* **Data extracted from a collection**
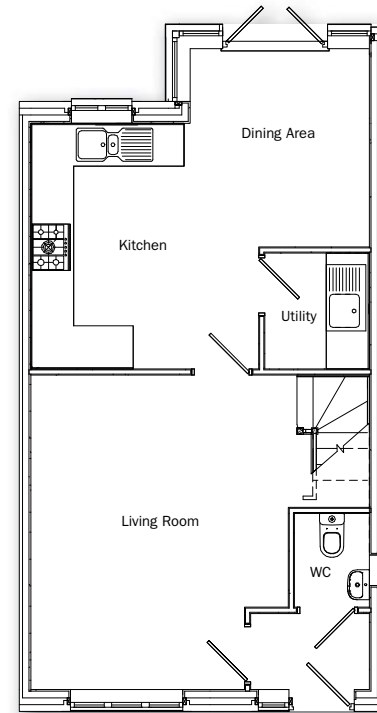

THE COOPER

Ground floor

Living Room	4.75m x 4.24m (max) 15'7" x 13'11" (max)
Kitchen/Dining Area	5.11m x 4.83m (max) 16'9" x 15'8" (max)
Utility	1.58m x 1.75m 5'1" x 5'7"

First floor

Master Bedroom	4.10m x 3.01m (max) 13'6" x 9'11" (max)
Bedroom 2	3.46m x 3.01m 11'5" x 9'11"
Bedroom 3	3.32m x 2.00m 10'11" x 6'7"
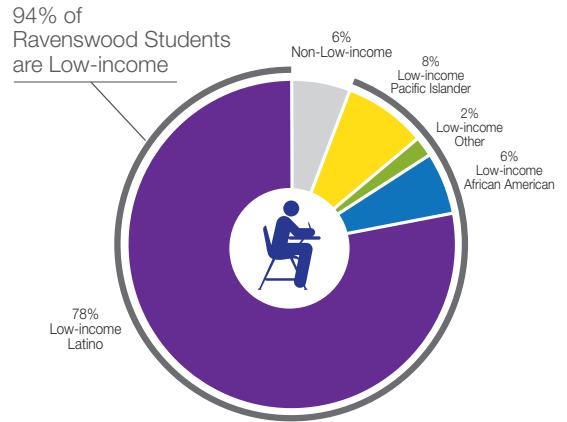

## District Spotlight

2015-16 Ravenswood enrolled 3,666 students.

Despite being located near some of the highest-performing districts in the state, Ravenswood City Elementary School District consistently performs far below the state averages for the student groups it serves. The vast majority of students in Ravenswood are not meeting standards.

Although scores at the state level increased for all groups of students, scores in Ravenswood are mostly stagnant and have even decreased for Pacific Islander students.

Percentage of Low-income Students in 2015-16
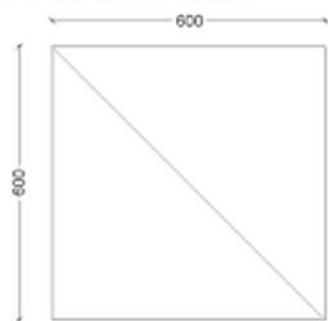

PANEL DATA

- ✦ Width 600mm x 600mm Height
- ✦ Thickness 30mm
- ✦ NRC Value 0.96

WHAT'S IN THE BOX?

- ✦ 4 panels per box / Area 1.44 m²
- ✦ installation system included

NOISEMONSTER
sound to silence acoustic panels
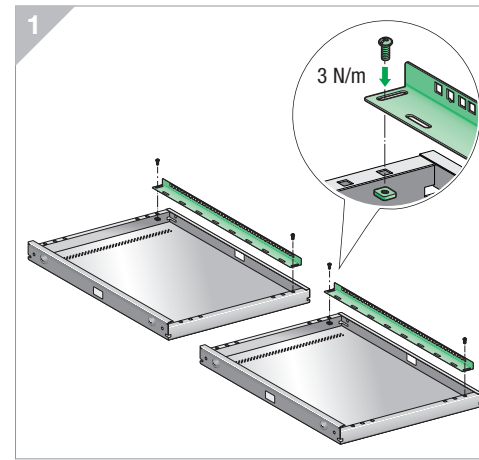

Actassi KDB

EAV7259601-01

	H u/mm	L mm	P mm
NSYKDB6U4F	6 / 355	600	400
NSYKDB9U4F	9 / 485	600	400
NSYKDB12U6F	12 / 620	600	600
NSYKDB15U6F	15 / 750	600	600

EN. This product must be installed, connected and used in compliance with applicable standards and/or installation regulations. As standards, specifications and designs develop from time to time, always ask for confirmation of the information given in this publication.
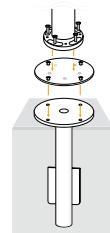

REAV

Square M

Item code: **106038328** | 350 x 350 cm / 137¾" x 137¾"

Measurements

Collection: The REAV sunshade combines minimalist design with smooth engineering and robust functionality. Light and understated in appearance, it's the perfect accompaniment to every DEDON collection, creating shade without creating distraction. Adaptable to any outdoor setting, REAV comes in parasol and cantilevered versions, with five shapes and sizes of canopy.

Options: The parasol is available in white or anthracite and comes in with optional ground mountings.

Materials

327
white

328
anthracite

Wind force

3

255 kg / 562 lbs
106038328

6

405 kg / 893 lbs
106039328

Cover included

Cover

Ground mounting

In-ground
mounting kit
106092000

Concrete
mounting kit
106093000

To learn more about DEDON, our collections and warranty policy, please visit our website –

* **TASK INSTRUCTIONS**
Please write out exactly the lines starting at the one that contains "WHAT'S IN THE BOX?" and ending with the final line of the entries, both ends included. Do not write out any pictures.

* **SOLUTION BELOW**
WHAT'S IN THE BOX?

- ✦ 4 panels per box / Area 1.44 m²
- ✦ installation system included

NOISEMONSTER
sound to silence acoustic panels

Actassi KDB

EAV7259601-01

	H u/mm	L mm	P mm
NSYKDB6U4F	6 / 355	600	400
NSYKDB9U4F	9 / 485	600	400
NSYKDB12U6F	12 / 620	600	600
NSYKDB15U6F	15 / 750	600	600

EN. This product must be installed, connected and used in compliance with applicable standards and/or installation regulations. As standards, specifications and designs develop from time to time, always ask for confirmation of the information given in this publication.

REAV

Square M

Item code: **106038328** | 350 x 350 cm / 137¾" x 137¾"

Measurements

Collection: The REAV sunshade combines minimalist design with smooth engineering and robust functionality. Light and understated in appearance, it's the perfect accompaniment to every DEDON collection, creating shade without creating distraction. Adaptable to any outdoor setting, REAV comes in parasol and cantilevered versions, with five shapes and sizes of canopy.

Options: The parasol is available in white or anthracite and comes in with optional ground mountings.

Materials

327
white

328
anthracite

Wind force

3

255 kg / 562 lbs
106038328

6

405 kg / 893 lbs
106039328

Cover included

Cover

Ground mounting

In-ground
mounting kit
106092000

Concrete
mounting kit
106093000

To learn more about DEDON, our collections and warranty policy, please visit our website –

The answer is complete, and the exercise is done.